My husband came home yesterday with a big packet of paper to fill out and said we needed to sit down with a calendar to plan out the next 6 months. It’s all for his retirement June 1. Ackkk! I’m here trying to figure out where to put the Christmas tree, and he needs to tell the Navy when and where and what and how much. I know the day will be here before we know it, and it’s a bit daunting. Even though the military life is not the most desirable at times, it does have its securities.
I will miss living next door to another military family who is going through the same life as we are. I will miss my children being quickly accepted at the school because we have lived in mainly military-saturated towns. I will miss being stationed overseas and the travelling associated with it. I will miss being able to be home when my children get out of school. I will miss our family’s tightness because of how often we’ve had to move.
I won’t miss the deployments. I won’t miss my husband being gone for Christmas, birthdays, anniversaries, summers, etc. I won’t miss moving every 6 months to 2 years. I won’t miss having 1/4 of our belongings in storage because military housing is sometimes quite small. I won’t miss having things stolen or lost with each move. I won’t miss worrying about where we’re going next and not enjoying the now.
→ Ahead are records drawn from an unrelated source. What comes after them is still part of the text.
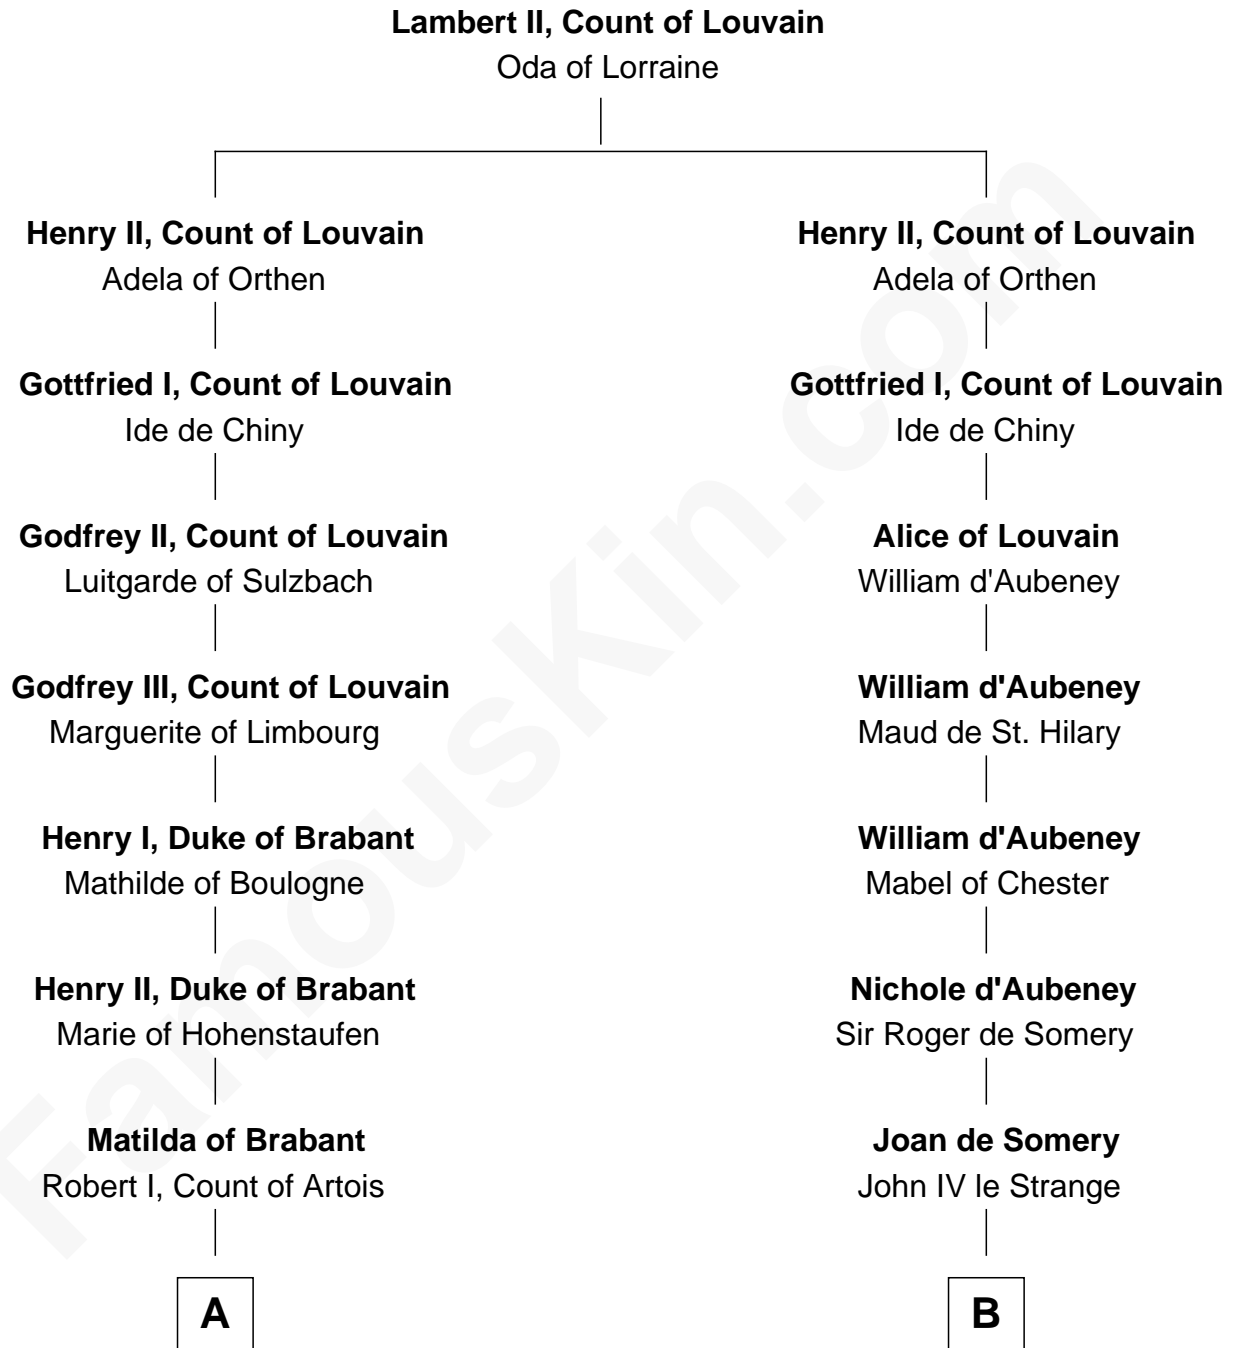

FamousKin.com

Relationship Chart of

Patrick Henry

1st and 6th Governor of Virginia

16th cousin 5 times removed of

Catherine Parr

6th Wife of King Henry VIII

C

William Robertson

Isabel Petrie

William Robertson

Margaret Mitchell

Jean Robertson

Alexander Henry

John Henry

Mrs. Sarah Winston Syme

Patrick Henry

1st & 6th Gov. of Virginia

I’m afraid that is what is happening here, at our last official duty station. We know we are leaving in June. We are gearing up to move for the last time with the military. We are thinking about the schools our children will attend next year, the jobs we need to find, the house we want to buy or build … everything about the next place. At times I feel as if we have been going through the motions to get through the 22 months we are here (with just 6 now remaining). My husband is not flying at this command, so he is a little antsy each day working at a desk. I am not volunteering in any of my children’s classrooms as they are all past elementary school starting this year. Thankfully the kids are just as busy as ever with their activities which is one norm that we all cling to. We love to watch them perform in the band or chorus or a sport. So that is how I am enjoying the now. I hope with the busy-ness and confusion over the next few months, we can enjoy more in our last little bit of time left in the military life.